TASK TO CARRY OUT |
Leaving the pictures aside, restate all of the data exactly.

*** MATERIAL FOR THIS EXERCISE

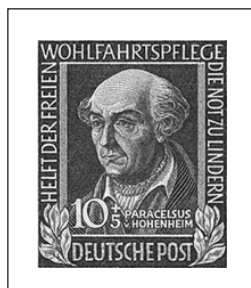

Federal Republic of Germany

1949 - 2015

FEDERAL REPUBLIC OF GERMANY

Opening of the first German Bundestag
1949

100 years Stamp German
1949

75 Years world postal service society (UPU)
1949

FEDERAL REPUBLIC OF GERMANY

Welfare Helper of the Humanity (I) 1949

200. Anniversary of the death of Johann Sebastian Bach 1950

FEDERAL REPUBLIC OF GERMANY

Stamps
Postal service horn
1951-52

FEDERAL REPUBLIC OF GERMANY

700 Years Marienkirche Lübeck
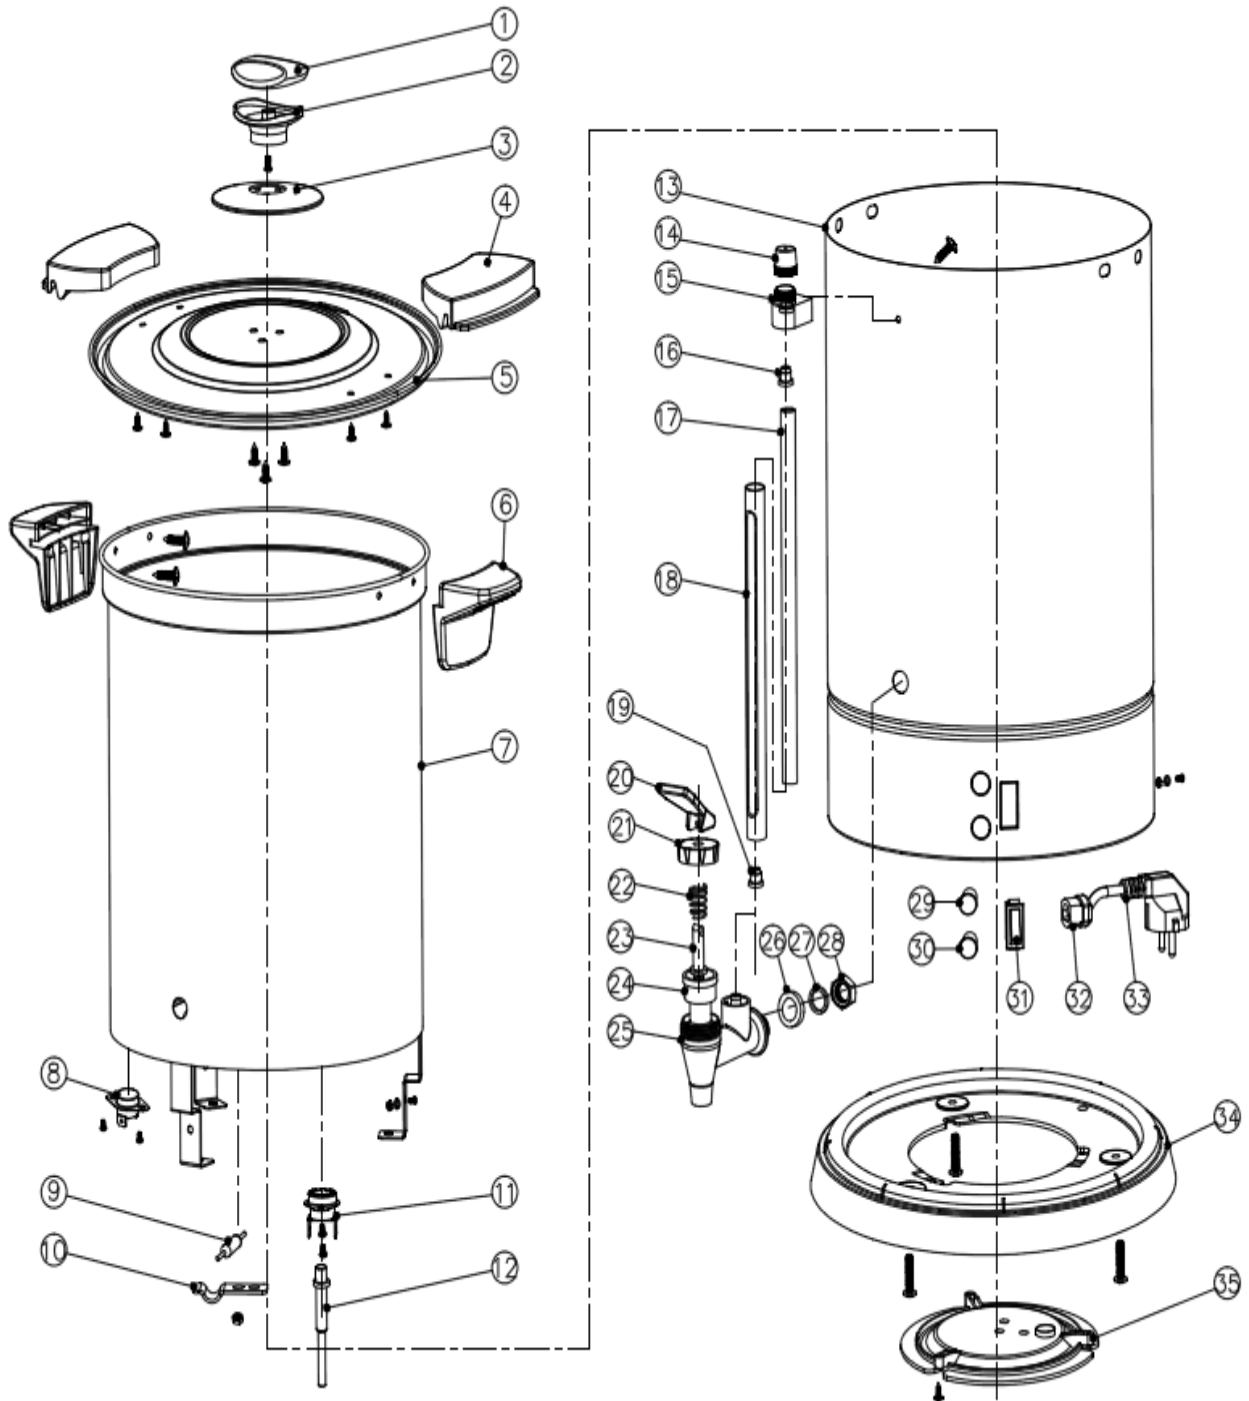

# Parts Breakdown

Model WB-CN-0049 43463

# Parts Breakdown

---

## Model WB-CN-0049 43463

Item No.	Description	Position	Item No.	Description	Position	Item No.	Description	Position
61925	Complete Lid Assembly for 43463	1 - 5	60848	Water Gauge Bracket for 43463	15	60857	Complete Nut Assembly of Tap for 43463	26 - 28
60844	Side Handle for 43463	6	60846	Water Gauge Upper Seal for 43463	16	60861	Lamp for Warming for 43463	29
60838	94°C Thermostat for 43463	8	60847	Water Gauge for 43463	17	60860	Lamp for Heating for 43463	30
60840	Fuse and Pressplate for 43463	9 - 10	60849	Water Gauge Tube for 43463	18	60862	On/Off Switch for 43463	31
60842	Anti Boil Dry Thermostat for 43463	11	61928	Water Gauge Lower Seal for 43463	19	60865	Base for 43463	34
60845	Water Gauge Nut for 43463	14	60850	Complete Tap for 43463	20 - 25	61929	Cover for Base for 43463	35
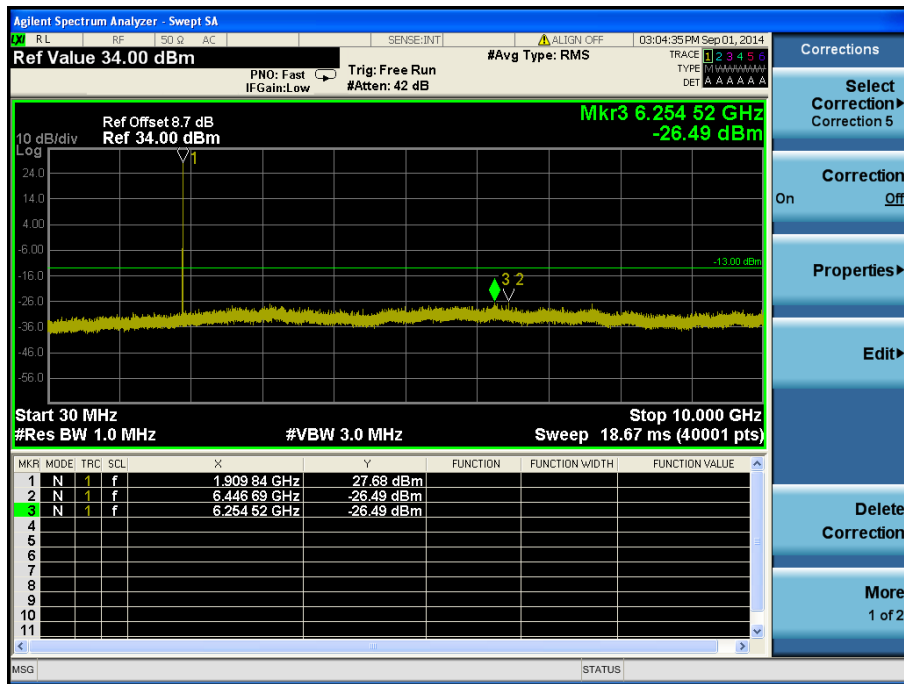

LTE Band 2 / 10 MHz / QPSK - RB Offset/Size (0/50) – Low Channel

LTE Band 2 / 10 MHz / QPSK - RB Offset/Size (0/50) – Low Channel

LTE Band 2 / 10 MHz / QPSK - RB Offset/Size (0/1) – Mid Channel

LTE Band 2 / 10 MHz / QPSK - RB Offset/Size (0/1) – Mid Channel

LTE Band 2 / 10 MHz / QPSK - RB Offset/Size (0/25) – High Channel

LTE Band 2 / 10 MHz / QPSK - RB Offset/Size (0/25) – High Channel

LTE Band 2 / 5 MHz / 16QAM - RB Offset/Size (0/1) – Low Channel

LTE Band 2 / 5 MHz / 16QAM - RB Offset/Size (0/1) – Low Channel

LTE Band 2 / 5 MHz / QPSK - RB Offset/Size (12/1) – Mid Channel

LTE Band 2 / 5 MHz / QPSK - RB Offset/Size (12/1) – Mid Channel

LTE Band 2 / 5 MHz / QPSK - RB Offset/Size (24/1) – High Channel

LTE Band 2 / 5 MHz / QPSK - RB Offset/Size (24/1) – High Channel
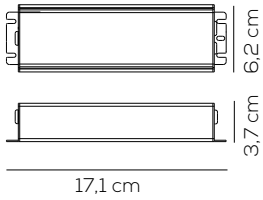

Paralela Drivers

Dimmable 1-10V

DRIVER 24V

Code	Product	W Max	Input	Output	Weight
CEDMWC00206	Dimmable 1-10V	40	100-305Vac 50-60 Hz	24VDC constant 3,2A	net kg 0,8

Casambi compatibile / Casambi compatible.

******

ANSWER SPACE |
Federal Republic of Germany

1949 - 2015

FEDERAL REPUBLIC OF GERMANY

Opening of the first German Bundestag
1949

100 years Stamp German
1949

75 Years world postal service society (UPU)
1949

FEDERAL REPUBLIC OF GERMANY

Welfare Helper of the Humanity (I) 1949

200. Anniversary of the death of Johann Sebastian Bach 1950

FEDERAL REPUBLIC OF GERMANY

Stamps
Postal service horn
1951-52

FEDERAL REPUBLIC OF GERMANY

700 Years Marienkirche Lübeck

# Parts Breakdown

Model WB-CN-0049 43463

# Parts Breakdown

---

## Model WB-CN-0049 43463

Item No.	Description	Position	Item No.	Description	Position	Item No.	Description	Position
61925	Complete Lid Assembly for 43463	1 - 5	60848	Water Gauge Bracket for 43463	15	60857	Complete Nut Assembly of Tap for 43463	26 - 28
60844	Side Handle for 43463	6	60846	Water Gauge Upper Seal for 43463	16	60861	Lamp for Warming for 43463	29
60838	94°C Thermostat for 43463	8	60847	Water Gauge for 43463	17	60860	Lamp for Heating for 43463	30
60840	Fuse and Pressplate for 43463	9 - 10	60849	Water Gauge Tube for 43463	18	60862	On/Off Switch for 43463	31
60842	Anti Boil Dry Thermostat for 43463	11	61928	Water Gauge Lower Seal for 43463	19	60865	Base for 43463	34
60845	Water Gauge Nut for 43463	14	60850	Complete Tap for 43463	20 - 25	61929	Cover for Base for 43463	35

LTE Band 2 / 10 MHz / QPSK - RB Offset/Size (0/50) – Low Channel

LTE Band 2 / 10 MHz / QPSK - RB Offset/Size (0/50) – Low Channel

LTE Band 2 / 10 MHz / QPSK - RB Offset/Size (0/1) – Mid Channel

LTE Band 2 / 10 MHz / QPSK - RB Offset/Size (0/1) – Mid Channel

LTE Band 2 / 10 MHz / QPSK - RB Offset/Size (0/25) – High Channel

LTE Band 2 / 10 MHz / QPSK - RB Offset/Size (0/25) – High Channel

LTE Band 2 / 5 MHz / 16QAM - RB Offset/Size (0/1) – Low Channel

LTE Band 2 / 5 MHz / 16QAM - RB Offset/Size (0/1) – Low Channel

LTE Band 2 / 5 MHz / QPSK - RB Offset/Size (12/1) – Mid Channel

LTE Band 2 / 5 MHz / QPSK - RB Offset/Size (12/1) – Mid Channel

LTE Band 2 / 5 MHz / QPSK - RB Offset/Size (24/1) – High Channel

LTE Band 2 / 5 MHz / QPSK - RB Offset/Size (24/1) – High Channel

Paralela Drivers

Dimmable 1-10V

DRIVER 24V

Code	Product	W Max	Input	Output	Weight
CEDMWC00206	Dimmable 1-10V	40	100-305Vac 50-60 Hz	24VDC constant 3,2A	net kg 0,8

Casambi compatibile / Casambi compatible.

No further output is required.